Oracle Grid Infrastructure cluster name length

Use a cluster name that is not more than 15 characters long.

A cluster name longer than 15 characters causes the root.sh script to fail.

Tunnel VNC Viewer over SSH

Arbitrary servers, such as VNC Viewer, are blocked by the default OS firewall of the Bare Metal Solution server. Therefore, tunnel either X Window or VNC Viewer over SSH:

ssh -L 5901:localhost:5901 bms-host
vncviewer localhost:1

Enough space for the root file system

Ensure that the root file system (/) has enough free space. Bare Metal Solution servers come with a 20GB root file system which might not be sufficient.

On your Bare Metal Solution server, check the size of the root '/' file system. The default size is 20GB which might not be sufficient. If the size is 20GB, increase it.

Use a name server as a substitute for Cloud DNS

If you don't want to use the Cloud DNS, then install your own name server to resolve host IP addresses on the Bare Metal Solution server. The Oracle Grid Infrastructure uses the nslookup command to get the name of the DNS server. The nslookup command doesn't use the /etc/hosts file.

Follow these steps:

  1. Install dnsmasq.

    yum makecache
    yum install dnsmasq
    
  2. Open the /etc/dnsmasq.conf file in edit mode.

    vi /etc/dnsmasq.conf
    
  3. In the /etc/dnsmasq.conf file, add the following lines:

    port=53
    domain-needed
    bogus-priv
    
    strict-order
    expand-hosts
    domain=localdomain
    
    address=/.localdomain/127.0.0.1
    address=//127.0.0.1
    
    listen-address=127.0.0.1
    resolv-file=/etc/dnsmasq-resolv.conf
    
  4. Edit the /etc/dnsmasq-resolv.conf file and the /etc/resolv.conf file to contain only the following line:

    nameserver 127.0.0.1
    
  5. Start the dnsmasq service:

    systemctl restart dnsmasq
    
    systemctl status dnsmasq
    
  6. On both nodes, run the nslookup command.

    nslookup at-2811641-svr001
    Server:         127.0.0.1
    Address:        127.0.0.1#53
    
    Name:   at-2811641-svr001
    Address: 192.168.1.10
    
    nslookup at-2811641-svr002
    Server:         127.0.0.1
    Address:        127.0.0.1#53
    
    Name:   at-2811641-svr002
    Address: 192.168.1.11
    

Install NTP

When you install NTP, ensure that all the RAC nodes sync with the time of your jump host or your internal NTP server. Follow these steps:

  1. Install NTP.

    yum install ntp
    
  2. Start the ntpd service.

    systemctl start ntpd
    
  3. In the /etc/ntp.conf file, add the following line to sync with the bastion host, which is 10.x.x.x in this case. You can also use your internal NTP server. In this case, 192.x.x.x is your Bare Metal Solution server.

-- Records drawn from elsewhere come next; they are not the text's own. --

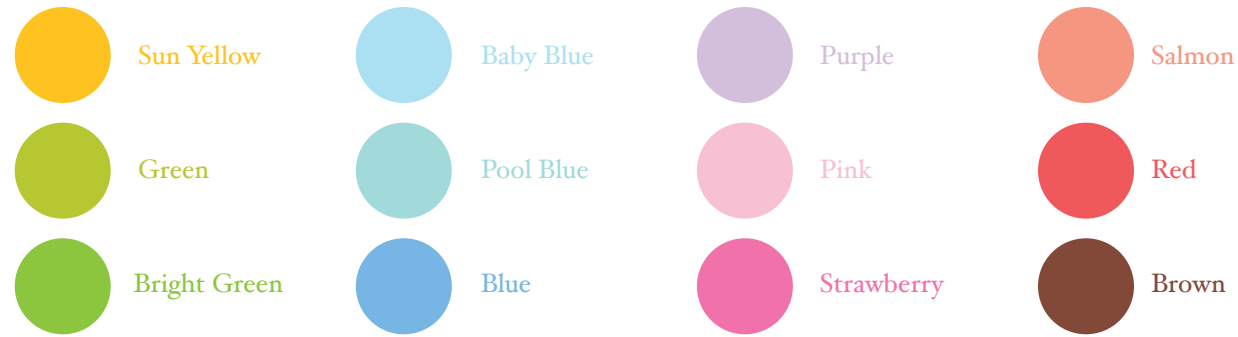

### 1 Choose your plate border style 4 styles available

Item: o6PL135  
Outer Scallop Border  
Shown with brown border and multi dot background

Item: o6PL140  
Outer Solid Border  
Shown with brown border and multi dot background

Item: o6PL145  
Inner Scallop Border  
Shown with brown border and multi dot background

The anatomy of a plate:  
Border Background Art Lettering

Item: o6PL150  
Inner Solid Border  
Shown with brown border and multi dot background

### 2 Choose your border color

Solid background and border color choices\*

Pattern background choices

\*Note:

Solid colors are not recommended for inner scallop or inner solid border styles. When the plate is made, fine lines may appear around the edge. They in no way affect the quality of the plate, but do visually bother some people. Plates with this characteristic are not flawed and will not be redone without charge. Plate colors will not be exactly as shown on this card due to the printing process.
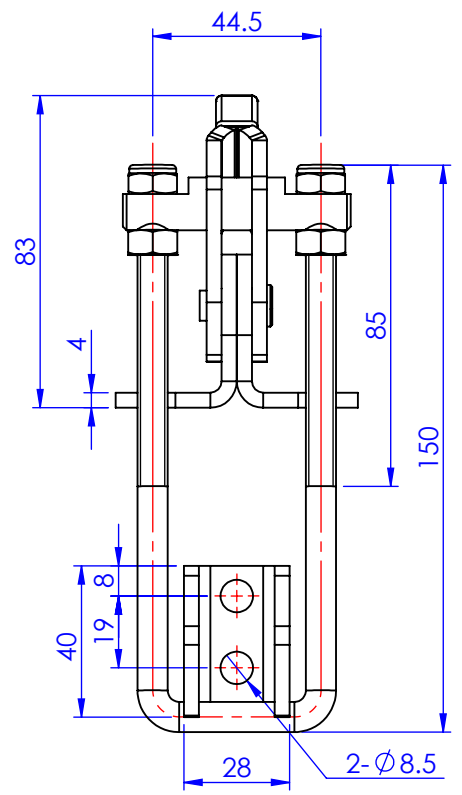

Part No:	GH-40870-VSS
Holding Capacity:	700Kg
Weight:	0.66Kg
Latch Plate Supplied:	GH-40870-LPSS

Unit:mm
Scale: 1:2

Good Hand UK Ltd	
TITLE:	
DWG NO.	GH-40870-VSS(vertical position) A4
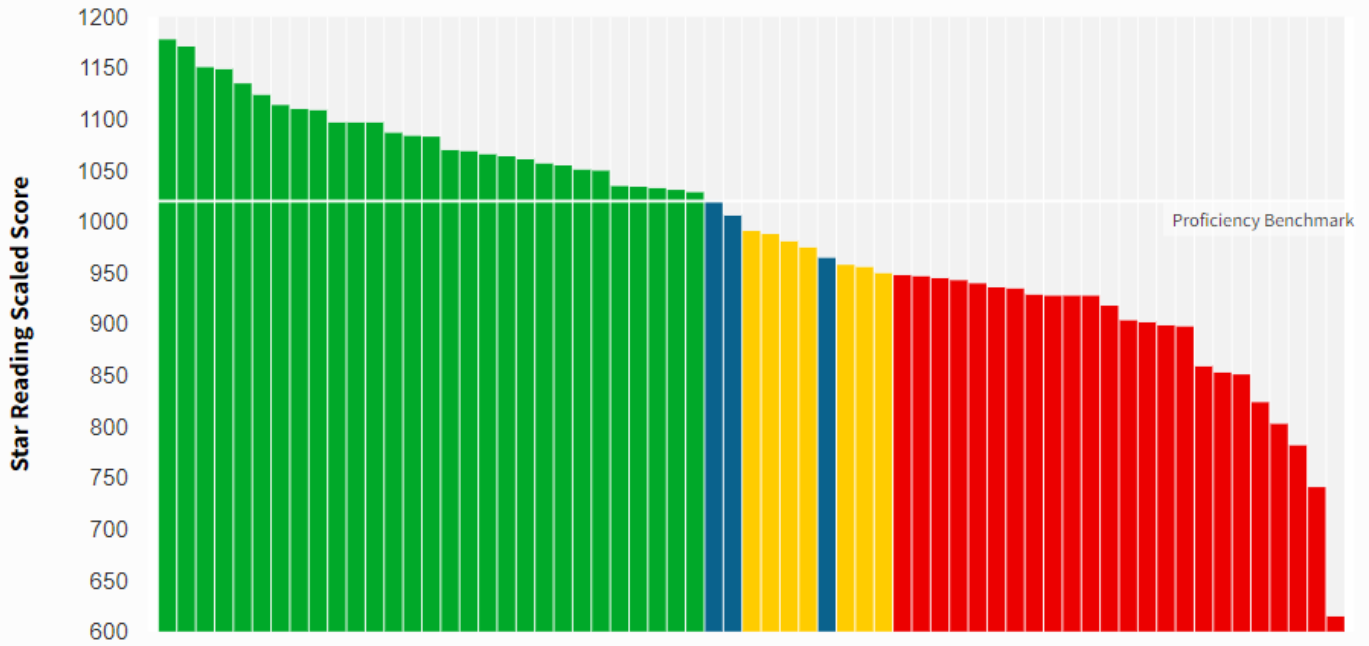

4th Grade STAR Reading Testing

Fall 2022

Categories/Levels	Current Benchmark		Students	
	Scaled Score	Percentile Rank	Number	Percent
At/Above Benchmark				
At/Above Benchmark	At/Above 982 SS	At/Above 40 PR	32	55%
Category Total			32	55%
Below Benchmark				
On Watch	Below 982 SS	At/Below 39 PR	7	12%
Intervention	Below 954 SS	At/Below 24 PR	6	10%
Urgent Intervention	Below 913 SS	At/Below 9 PR	13	22%

4th Grade STAR Math Testing

Fall 2022

Categories/Levels	Current Benchmark		Students	
	Scaled Score	Percentile Rank	Number	Percent
At/Above Benchmark				
At/Above Benchmark	At/Above 956 SS	At/Above 40 PR	28	46%
Category Total			28	46%
Below Benchmark				
On Watch	Below 956 SS	At/Below 39 PR	10	16%
Intervention	Below 934 SS	At/Below 24 PR	10	16%
Urgent Intervention	Below 895 SS	At/Below 9 PR	13	21%

5th Grade STAR Reading Testing

Fall 2022

Categories/Levels	Current Benchmark		Students	
	Scaled Score	Percentile Rank	Number	Percent
At/Above Benchmark				
■ At/Above Benchmark	At/Above 1020 SS	At/Above 40 PR	29	46%
Category Total			29	46%
Below Benchmark				
■ On Watch	Below 1020 SS	At/Below 39 PR	3	5%
■ Intervention	Below 992 SS	At/Below 24 PR	7	11%
■ Urgent Intervention	Below 948 SS	At/Below 9 PR	24	38%
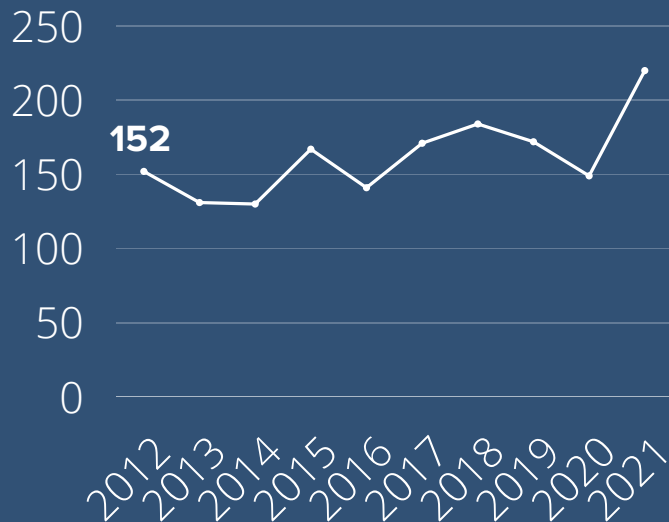

# OHIO FATAL TRUCK CRASH FACTS

**TRUCK CRASH DEATHS INCREASED**

**45%**

**FROM 2012 TO 2021**

**220**  
TRUCK CRASH FATALITIES IN 2021

[SAFERTRUCKING.ORG](http://SAFERTRUCKING.ORG)

**TOP 5 COUNTIES WITH HIGHEST TRUCK CRASH DEATHS IN 2021**

- FRANKLIN - 17
- CUYAHOGA - 9
- GEAUGA - 9
- MONTGOMERY - 9
- LUCAS - 8
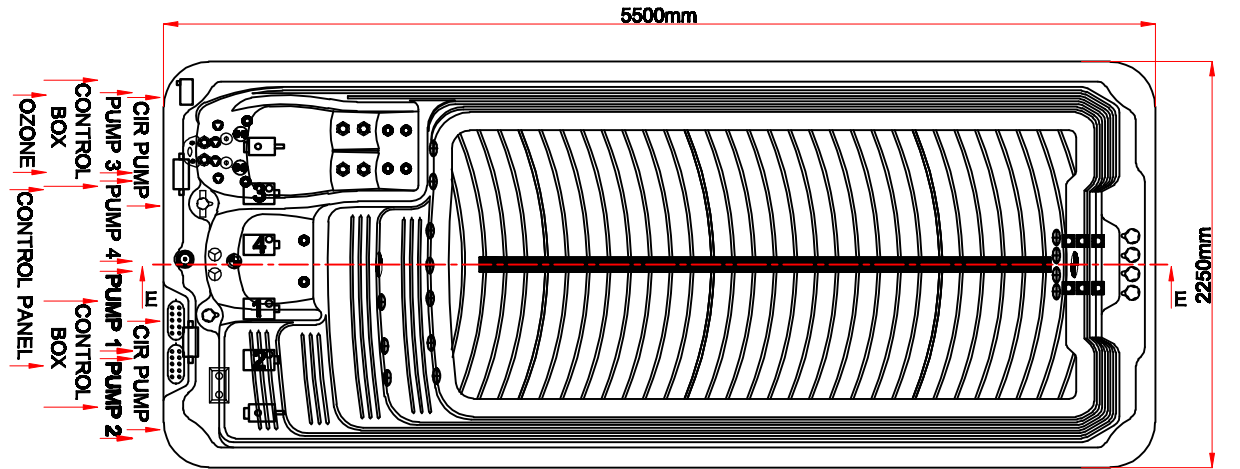

Model Name: Atlantic 55 Superior

Business plan

Notes Due to manufacturing tolerances, there could be some minor differences between the actual spa and the drawing above. If site planning is critical to such tolerances, be sure to measure your actual spa. All specifications are subject to change without notice. Some components may be optional on your spa.

Edition: 19/4/2012

Model Name: Atlantic 55 Superior

Fitting

8	■	Swim Jet	01.03.04.0103	6	pcs
7	⊕	3" Jet Directional	01.03.04.0061	2	pcs
6	⊗	4" Jet Directional	01.03.04.0067	1	pc
5	⊙	4" Spinning Jet	01.03.04.0069	2	pcs
4	⊖	2" Spinning Jet	01.03.04.0010	4	pcs
3	⊙	3" Single Pulse	01.03.04.0013	2	pcs
2	⊗	2" Jet Directional	01.03.04.0057	6	pcs
1	○	Large 1" Jet	01.03.04.0075	8	pcs

Notes: Due to manufacturing tolerances, there could be some minor differences between the actual spa and the drawing above. If site planning is critical to such tolerances, be sure to measure your actual spa. All specifications are subject to change without notice. Some components may be optional on your spa.

Edition: 19/4/2012

Model Name: Atlantic 55 Superior

Therapy Assignment

Notes: Due to manufacturing tolerances, there could be some minor differences between the actual spa and the drawing above. If site planning is critical to such tolerances, be sure to measure your actual spa. All specifications are subject to change without notice. Some components may be optional on your spa.

    restrict 192.x.x.x mask 255.255.255.0 nomodify notrap
    server 10.x.x.x prefer
    
  4. To start syncing, update the time server to start syncing.

    ntpdate -qu SERVER_NAME
    

Run root script on one node at a time

Run the root script root.sh on one node at a time. If the execution fails on the first node, don't proceed to the next node.

Resolve the Localhost

Because the Bare Metal Solution server doesn't add the Localhost to /etc/hosts file, manually resolve the Localhost to 127.0.0.1.

Ensure sufficient resource limits

Before installing Oracle RAC on the Bare Metal Solution server, ensure that the resource limits for the root user and the oracle user are sufficient.

You can use the ulimit command to check the limits.

Set the ORACLEASM_SCANORDER variable

If you're using Oracle ASMLib, then to stop Oracle ASM from selecting your single path ASM device first, set the scan order as follows:

ORACLEASM_SCANORDER="dm"
ORACLEASM_SCANEXCLUDE="sd"

We require this setting because the Bare Metal Solution storage environment uses DM devices that you can view in /proc/partitions file.

Oracle is a registered trademark of Oracle and/or its affiliates.